Benefits of Digital Twin Approach

The digital twin is a way to address challenges of complex vehicle system development by building a set of highly accurate models that help predict product behavior during all lifecycle phases of the vehicle. These models come in multiple scales and instances for various applications, integrate multiple physical aspects, contain the best available physical descriptions and mirror the life of the product and its production process. 

When companies integrate all these models, they have access to a holistic digital twin that becomes the backbone of their product development—capable of delivering greater insight, reducing development cycle time, improving efficiency and increasing market agility.

If the comprehensive digital twin is critical to the future of automotive engineering innovation, simulation and test are the beating heart of the digital twin, providing insight into the real-world performance of the vehicle and accelerating innovation over the entire lifecycle. Simulation and test can predict every aspect of product performance, which enables the digital twin to evolve throughout every challenge a product faces in its operational lifetime. 

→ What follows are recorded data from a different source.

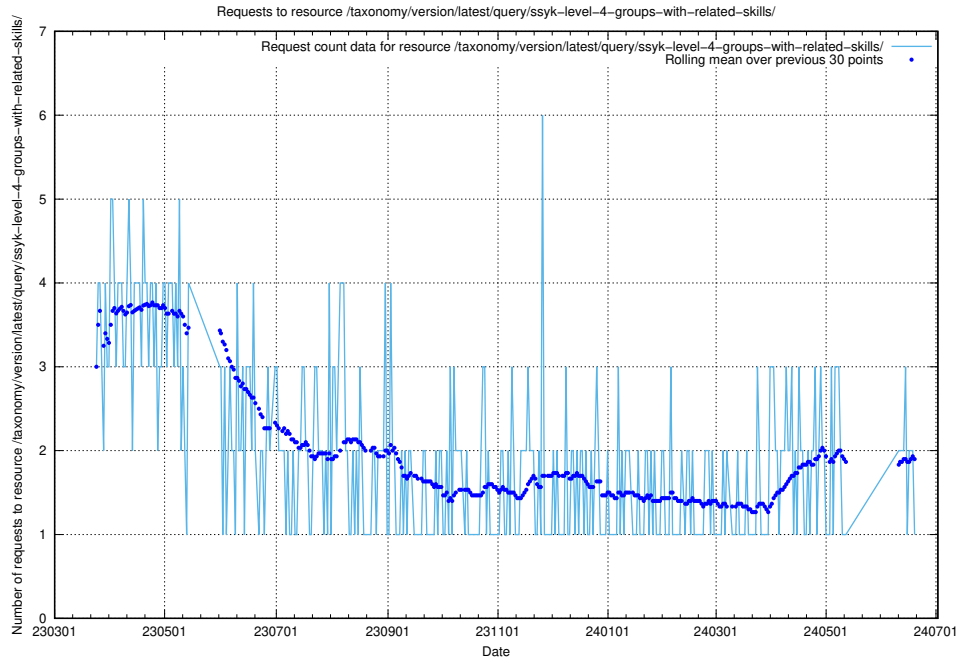

5.6231 Usage of /taxonomy/version/latest/query/ssyk-level-4-groups-with-related-skills/

Here, we count the number of requests to resource /taxonomy/version/latest/query/ssyk-level-4-groups-with-related-skills/.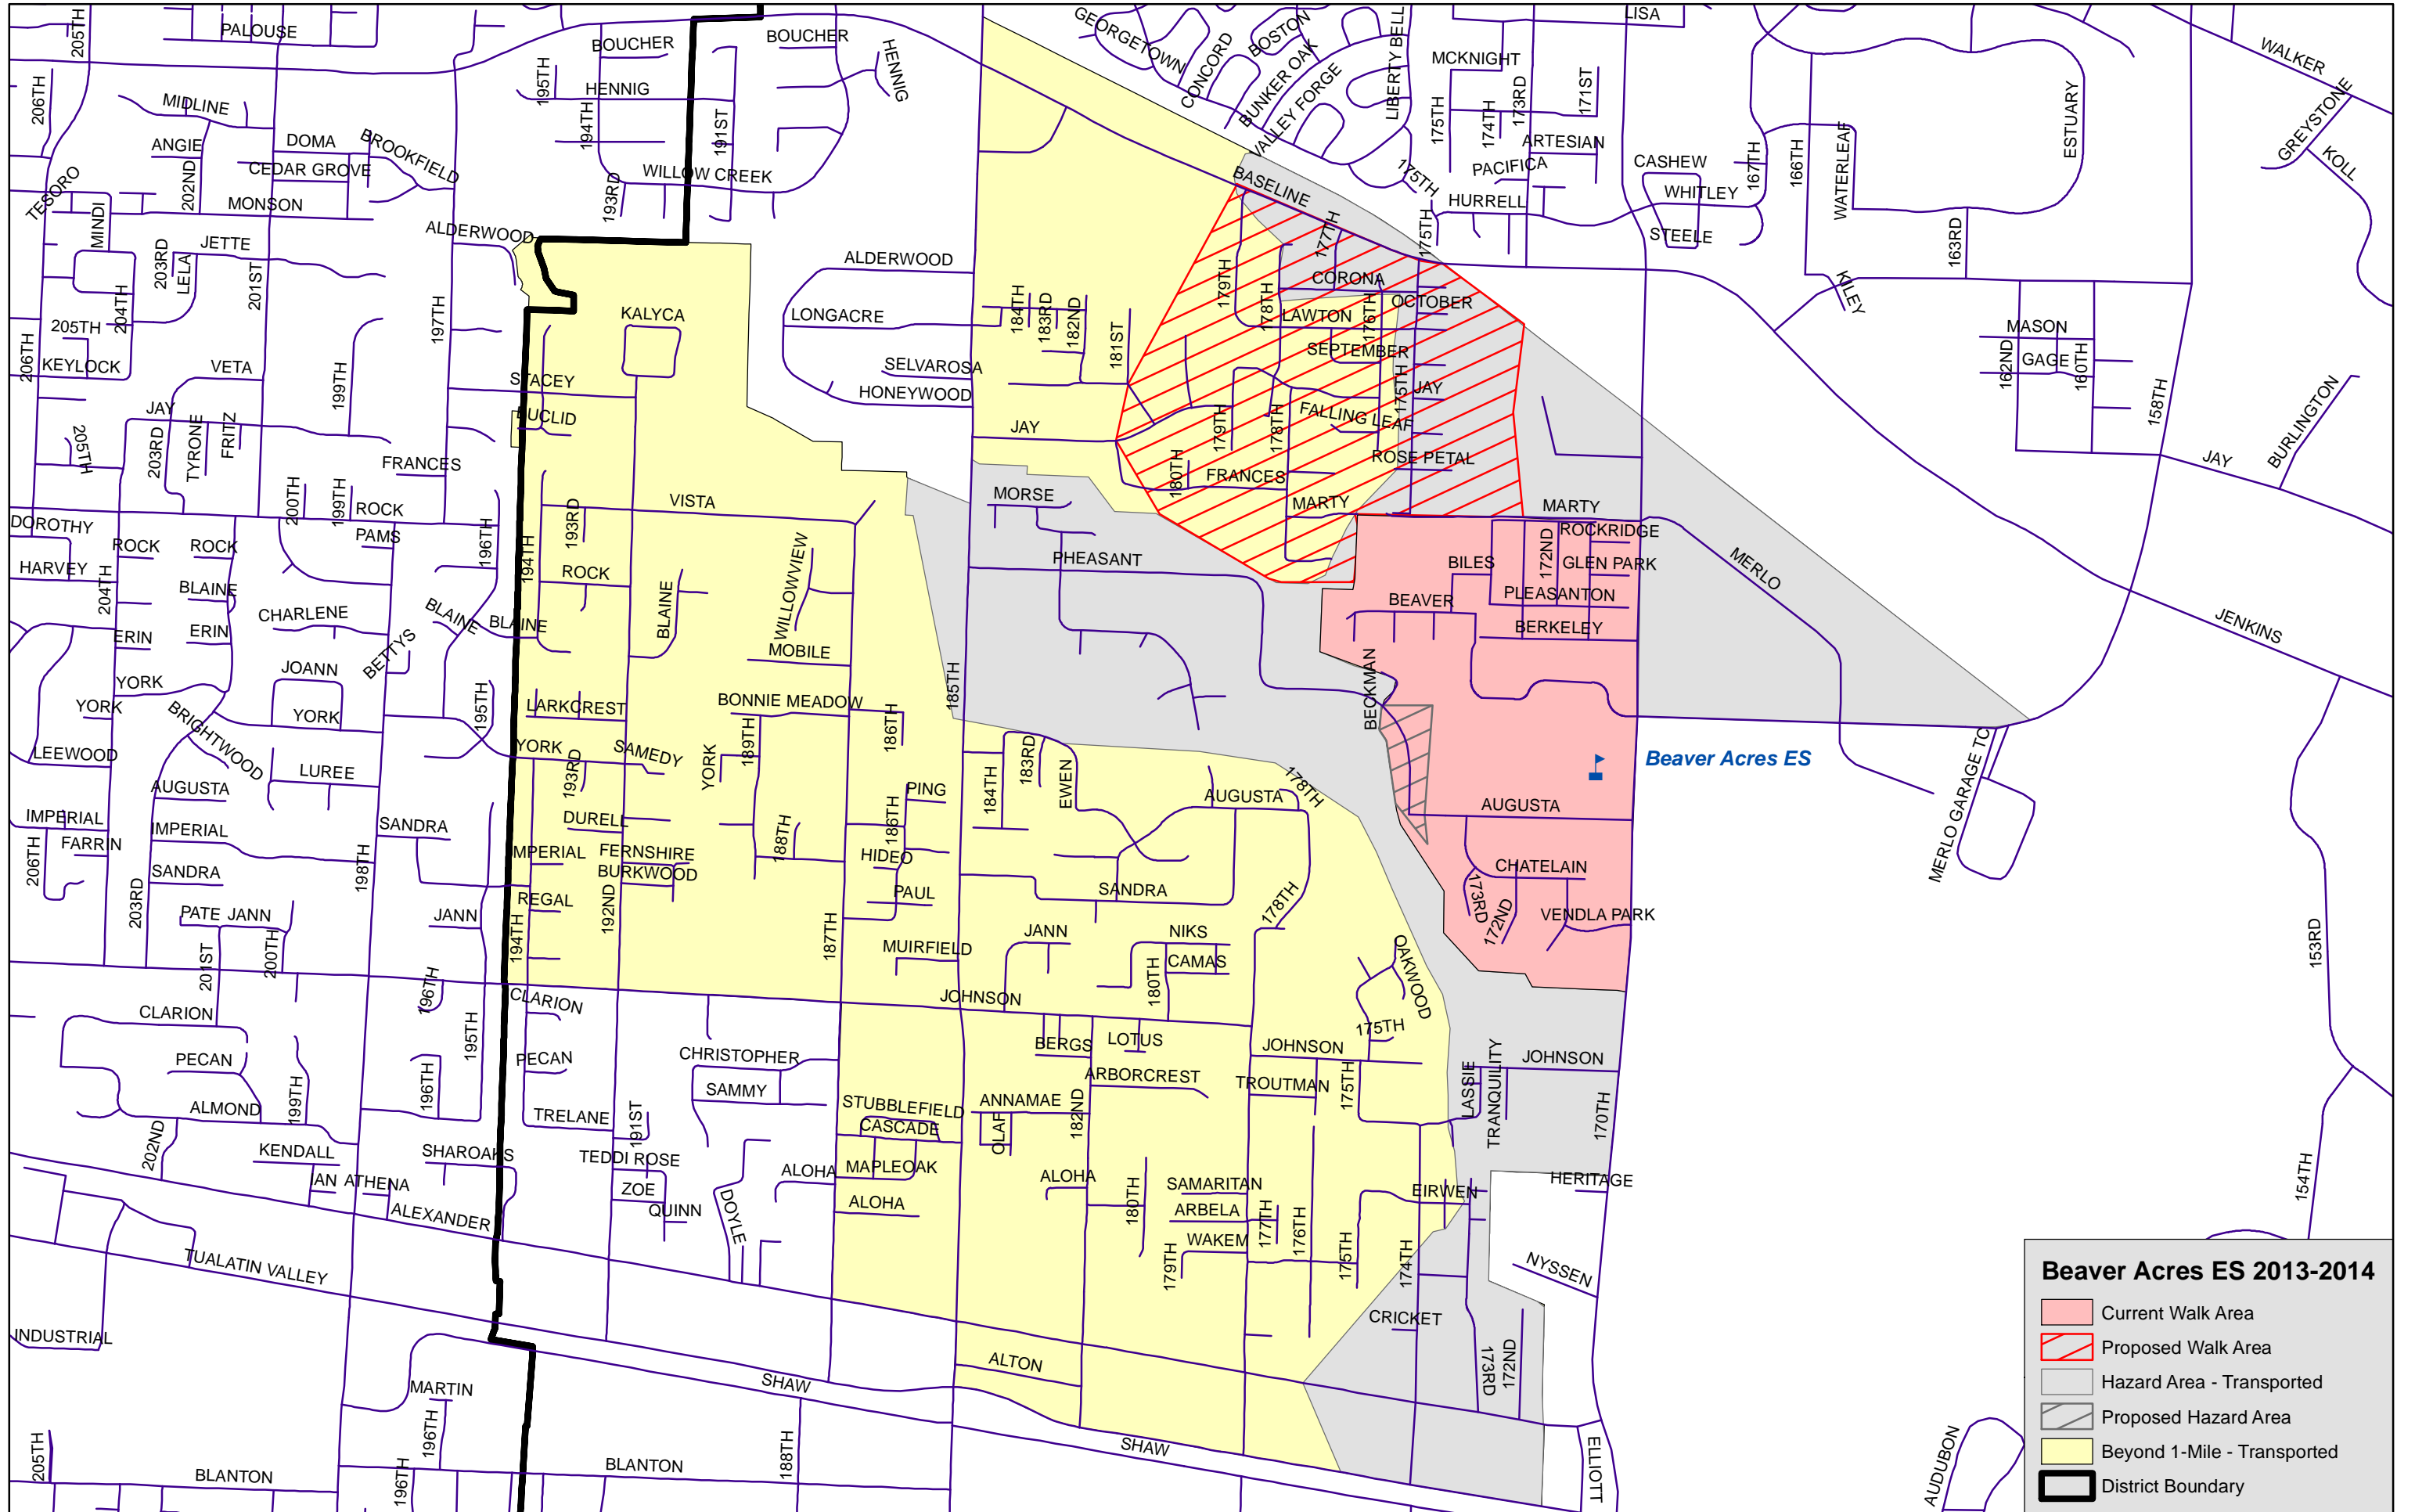

**Beaver Acres Elementary School
2013 Proposed Additions to Hazard and No Transportation Zones**

Bethany Elementary School 2013 Proposed Addition to Hazard Zone

Bethany ES 2013-2014

-  Current Walk Area
-  Hazard Area - Transported
-  Proposed Hazard Area

**Chehalem Elementary School
2013 Proposed Additions to Hazard and No Transportation Zones**

Errol Hassell Elementary School 2013 Proposed Additions to Hazard and No Transportation Zones

Errol Hassell ES 2013-2014

- Current Walk Area
- Proposed Walk Area
- Hazard Area - Transported
- Proposed Hazard Area
- Beyond 1 Mile - Transported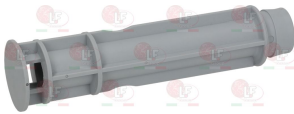

RHIMA 50710071

3448168 OVERFLOW PIPE ø 40x187 mm
made of plastic
for Dishwasher (RHIMA) DR50
for Dishwasher hood type (RHIMA) DR60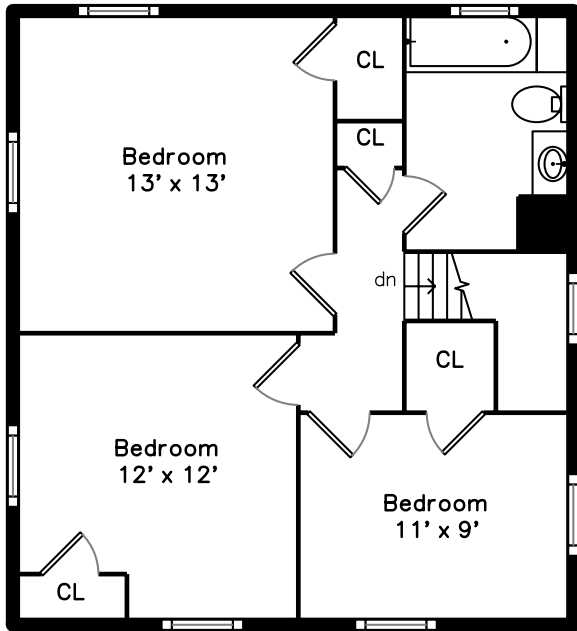

Upper

Main

87 Bonad Road
Brookline, MA 02467

PicturePlan by  vis-home

Measurements may not be 100% accurate.
Floor plans are provided for convenience only.
Room sizes are not used to calculate area.

Upper

Main

Living Room

Living Room

Living Room

Dining Room

Dining Room

Family Room

Family Room

Family Room

Kitchen

Kitchen

Kitchen

Kitchen

Deck

Deck

Bathroom

Bathroom

Porch

Bedroom

Bedroom

Bedroom

Bedroom

Bedroom

Bedroom

Bathroom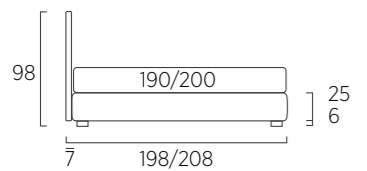

Letto Filo

* nella versione contenitore la profondità aumenta di cm 4

* in the container version the depth increases by 4 cm

DI SERIE:
- piede in legno Cubic h cm 6 colore wengè
SU RICHIESTA:
- piede in legno Cubic h cm 6, colori bianco, naturale, grigio
- piede in legno Circle h cm 6, colori bianco, naturale, wengè
- ruote Carry
- ruote Roll

STANDARD:
- h 6 cm Cubic wooden feet wengè
TO ORDER:
- h 6 cm Cubic wooden feet white, natural or grey
- h 6 cm Circle wooden feet white, natural or wengè
- Carry wheels
- Roll wheels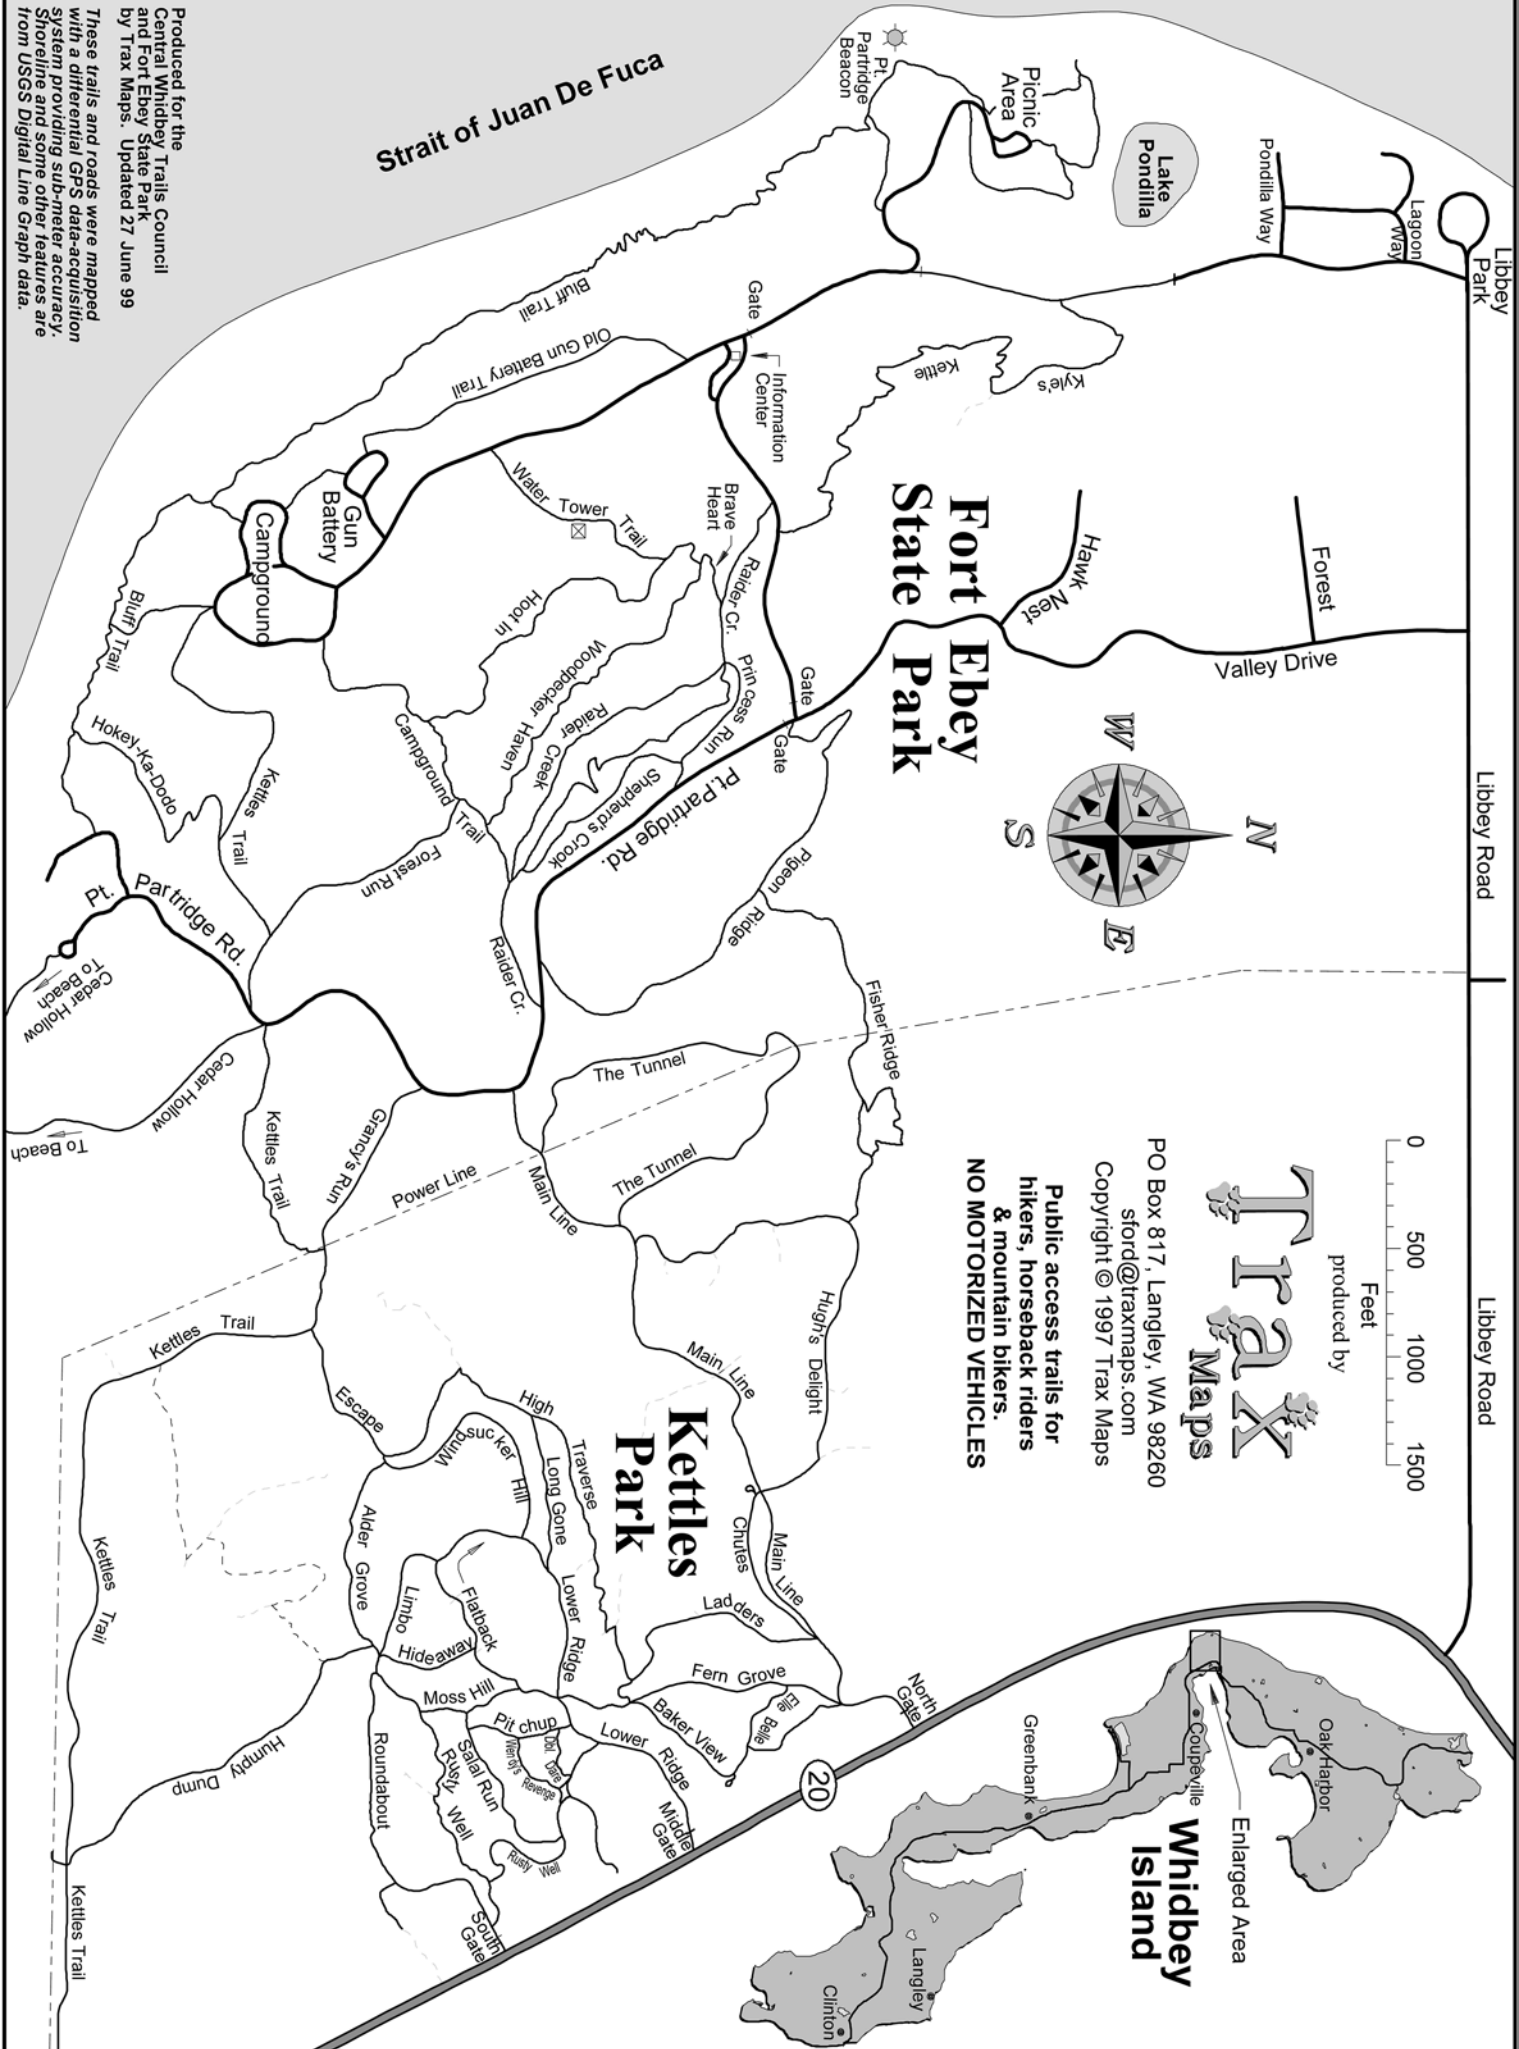

# Strait of Juan De Fuca

## Fort Ebey State Park

## Kettles Park

## Whidbey Island

Produced for the  
Central Whidbey Trails Council  
and Fort Ebey State Park  
by Trax Maps. Updated 27 June 99

These trails and roads were mapped  
with a differential GPS data-acquisition  
system providing sub-meter accuracy.  
Shoreline and some other features are  
from USGS Digital Line Graph data.

By providing an integrated view on the vehicle’s physical and behavioral aspects, the digital twin allows simultaneous balancing of all functional performance requirements throughout the development cycle. 

The comprehensive digital twin helps to break down silos and blur boundaries between engineering disciplines, teams and organizations so companies achieve engineering effectiveness, scaling from components to full system and model-based systems engineering.

Investing in the Digital Twin

It is imperative for OEMs and their tier 1 and tier 2 suppliers to start their journey toward the implementation of a digital twin strategy now rather than wait for some future event to trigger investment, by which time it may be too late. 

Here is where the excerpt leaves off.